UK hyperlocal air pollution model – Use of inverse modelling to increase the spatial detail of air pollution predictions

Abstract

Background: Air pollution models are increasingly able to provide forecasts of NOx, NO₂, O₃, PM₂.₅ and PM₁₀ at country scales (every 1-2km) and close to roads (every 10-20m). However, a significant limitation of these models is the lack of road traffic flow, speed and emissions. Aim: To develop a hyperlocal model which predicts air pollution every 20m across all of UK’s roads. Method: Here we address the lack of detailed traffic counts, speed and emissions by utilising ~12,000 diffusion tube and local sensor measurements in the UK, with a road traffic emissions optimisation method (EOM). The EOM uses model sensitivity coefficients in Taylor series expansions of the models’ response to varying emissions, allowing Monte Carlo emissions calibration to be performed at every monitoring location.
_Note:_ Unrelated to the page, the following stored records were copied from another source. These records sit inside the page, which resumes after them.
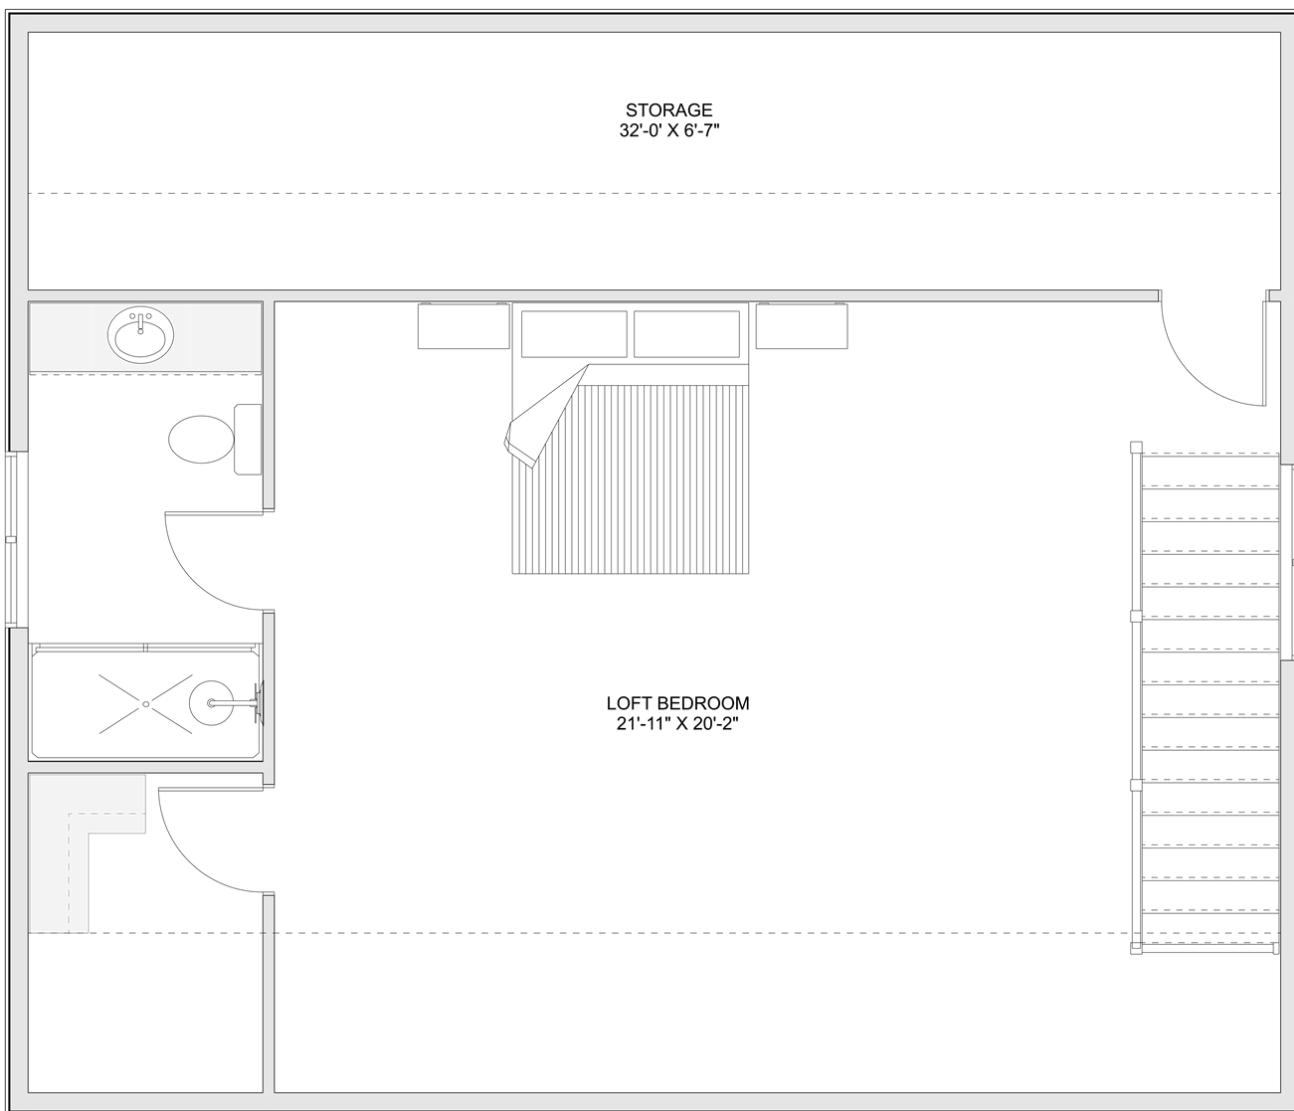

# PLAN #21-0144

2 BEDROOMS

2 BATHROOMS

TYPE: House

SIZE: 1,734 SQ. FT.

OVERALL WIDTH: 53'-5"

OVERALL DEPTH: 34'-0"

## PLAN #21-0144

## SECOND FLOOR

## MAIN FLOOR

This has allowed the creation of previously unavailable road emissions estimates, as well as the calibration of emissions on those roads that were already in the model. For other sources we used a combination of European, UK National Atmospheric Emissions Inventories. Air pollution was predicted using the WRF met. model and the CMAQ-urban coupled model. Results: The EOM has enabled an emissions calibration process of unprecedented scale – improving traffic emissions estimates and enabling air pollution predictions at 20m resolution for every road in the UK. The NOx, NO₂ and O₃ model performance compares favourably with out of sample measurements and the EOM addresses the uncertainty NOx, NO₂ emissions from road transport, which has hitherto been under predicted. Conclusions: We have demonstrated what is possible with coupled CTM and local scale air pollution models, when combined with sufficiently detailed emissions inventories. This new approach is ideally suited for use with low cost sensor networks globally, providing data, including for PM₂.₅ and PM₁₀, for local populations, policy development and health research, across entire cities and even countries.